The Spokane Spokesman-Review has become a national symbol - in journalistic and web circles anyway - in the discussion on anonymity on the web ... a subject a lot of journalists feel some real angst about.
On one hand, there's little doubt that anonymous sources can be highly useful, not just to reporters but to readers and to the public. I've seen several such cases at fairly close range (though I've never had to rely much on them myself).
Supplying data on the q.t., as a whistle-blowing maneuver, is one thing. But the kind of crud that infests so many comment sections of so many web sites surely are something else. Have you read the garbage people wrote about Andy Griffith after his death on news sites? Andy Griffith?
So we were coming here: An anonymous commenter on the (excellent) Huckleberries blog, run by the Spokesman-Review, made unsubstantiated allegations of illegality against a Kootenai County Republican official, and the office sued the paper for the names of three anonymous commenters involved.

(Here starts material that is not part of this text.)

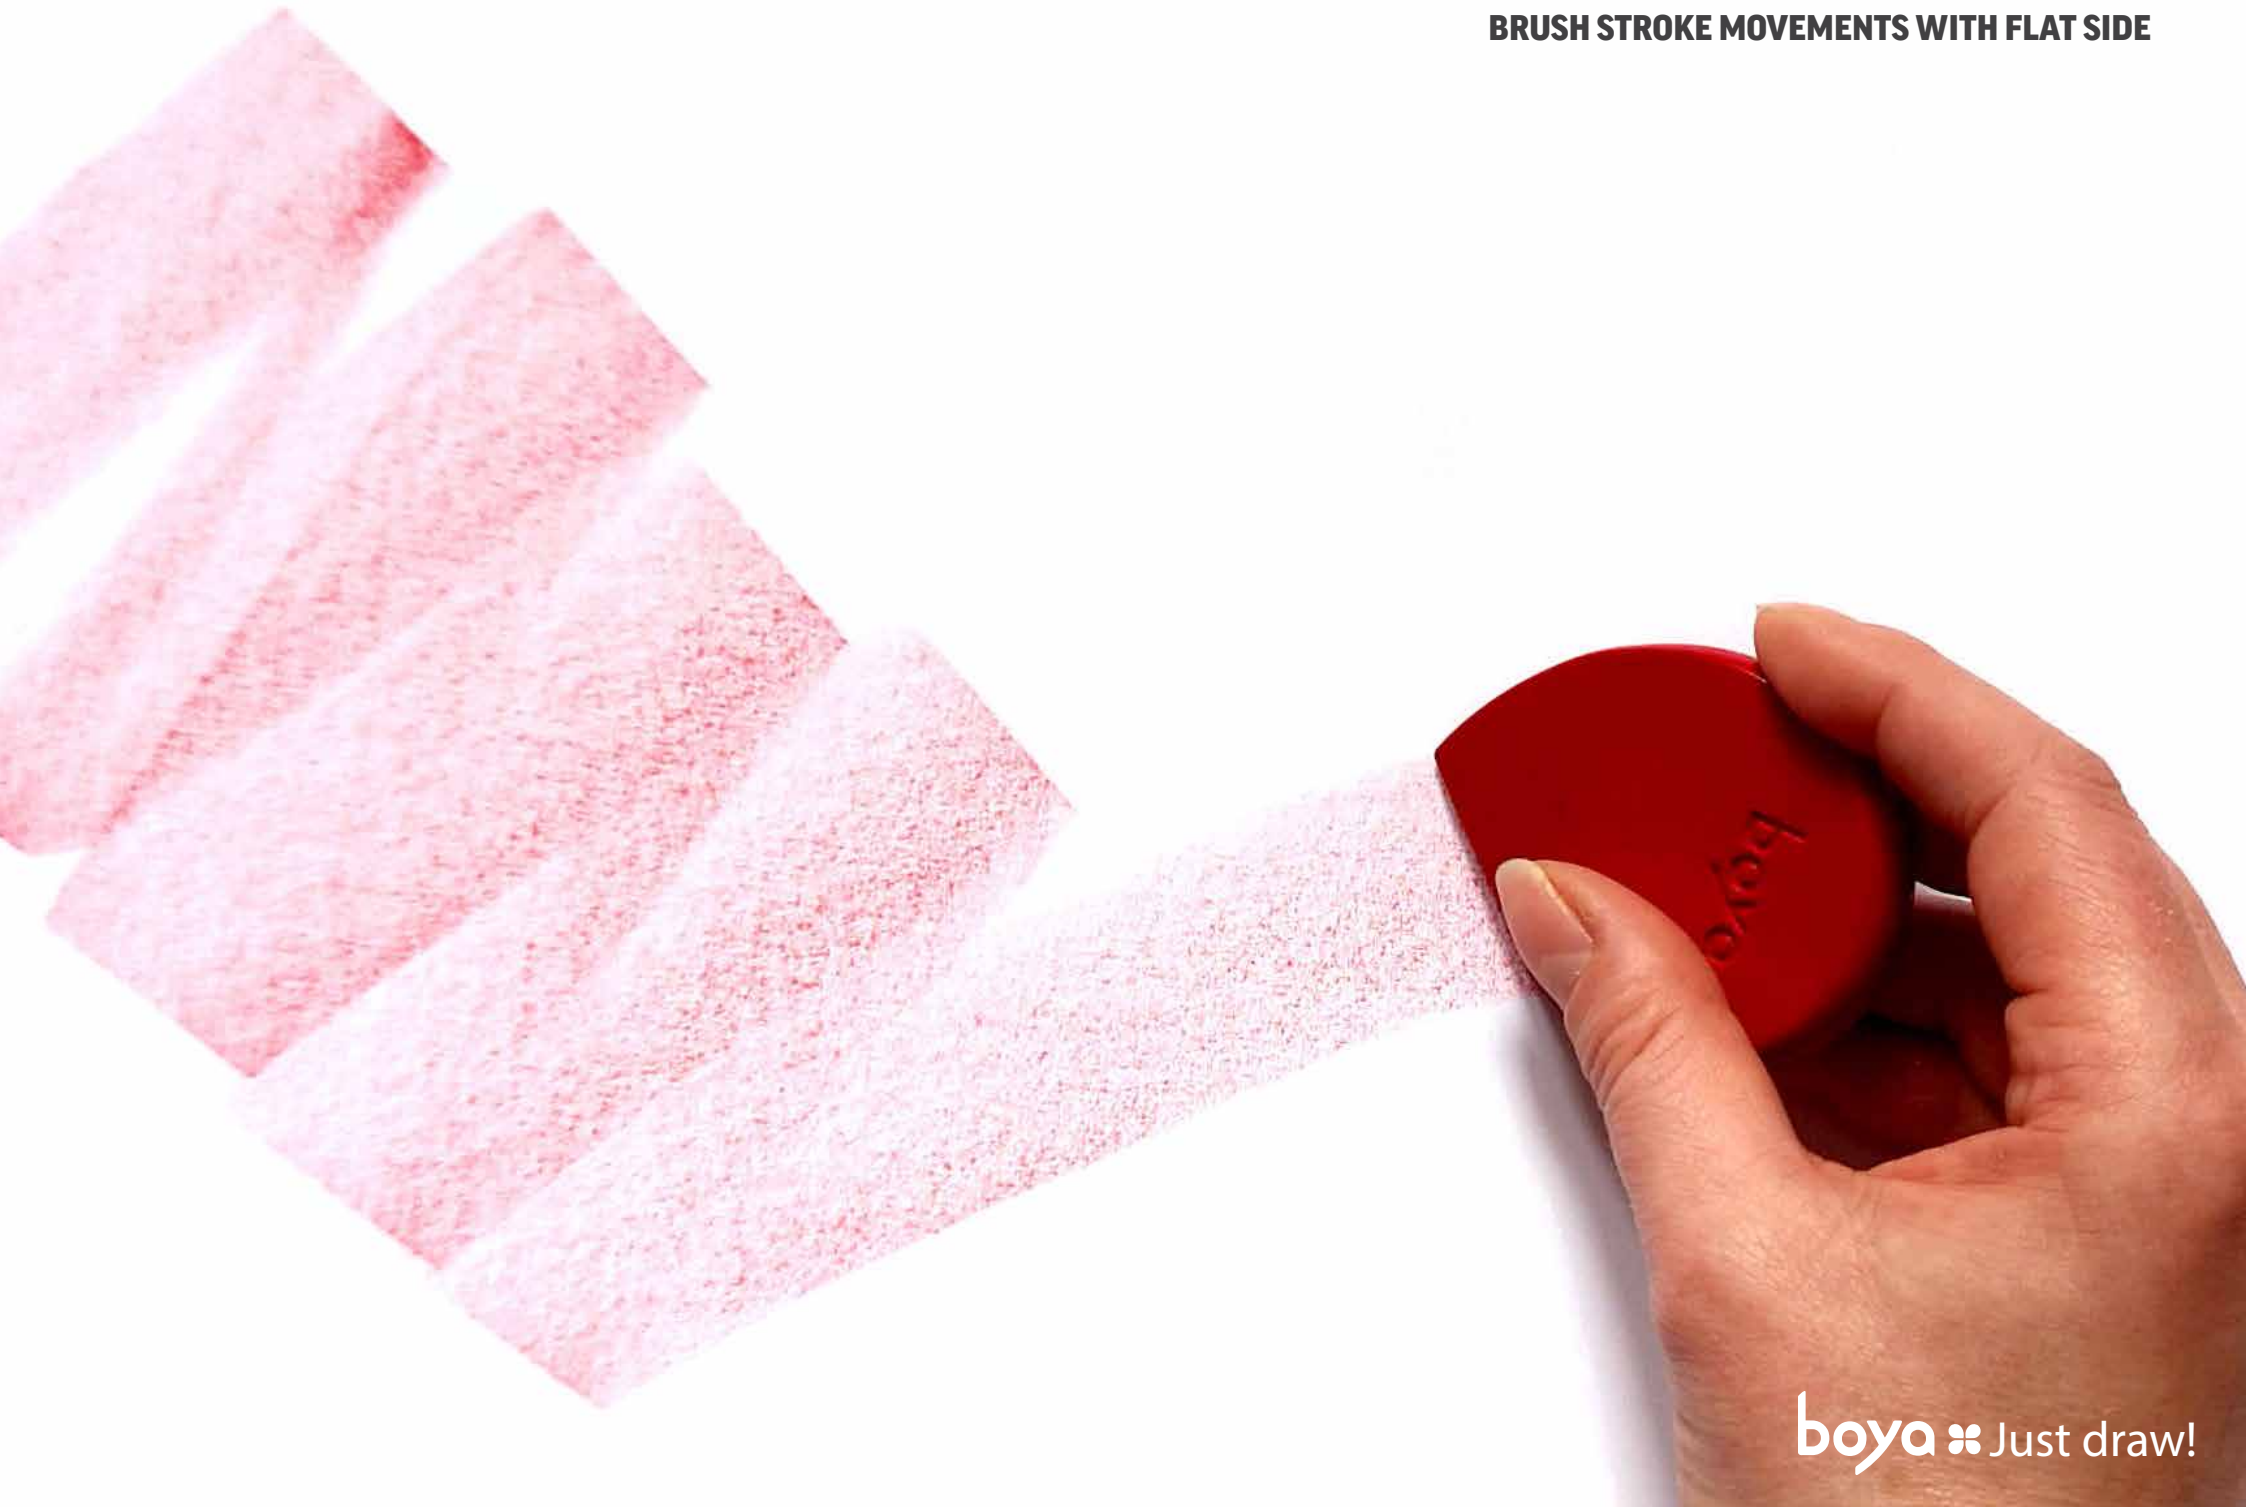

BRUSH STROKE MOVEMENTS WITH FLAT SIDE

A judge ruled that there was no need to release two of them, since what they said clearly wasn't libelous, but that one statement may in fact have been - and the name has to be released. The paper hasn't yet responded. The case has the potential to become something of a landmark.
Standing up for the anonymity of participants in news discussions has long been a firm tenet among news people. But there's clearly angst.
It's worth quoting this blog post from Shawn Vestal, of the Spokesman, who notes first the journalistic tradition, then:
But what has emerged in the era of online commenting is, about three-quarters of the time, a sewer of stupidity and insults and shallowness. The visions of a digital public square, with less gatekeeping and more democratic forums for discourse, seem quaint and comical in the light of what has actually come to pass.
I have mostly stopped reading the comment threads on the newspaper’s website, because it is almost always infuriating and pointless. It is especially so when I have persuaded someone to share their story – only to see them mocked for their painful experiences or physical appearance. Which is common.
The idea that the newspaper has to spend time and treasure defending this nonsense – not protecting a whistleblower; not battling the government for access to public records – is repulsive.
He makes a strong point.
When I worked on daily newspaper editorial pages, one absolute requirement of letters to the editor was that they be signed, and that those signatures be verified. (I know this: I often had to make those phone calls to verify identity.) That rule generally still applies, at many papers. Why then should comments be so anonymous?
(Don't talk to me about unsigned editorials, either; the people in charge at the paper, most usually and principally the publisher, can reasonably be attached to those.)
This site, by the way, still allows anonymous commenting. For now. But that could change, as many other sites have, in recent years, changed. It's just that the anonymity hasn't been a big problem for us. Yet.
This may be something newspapers, and a lot of other organizations, soon have to confront.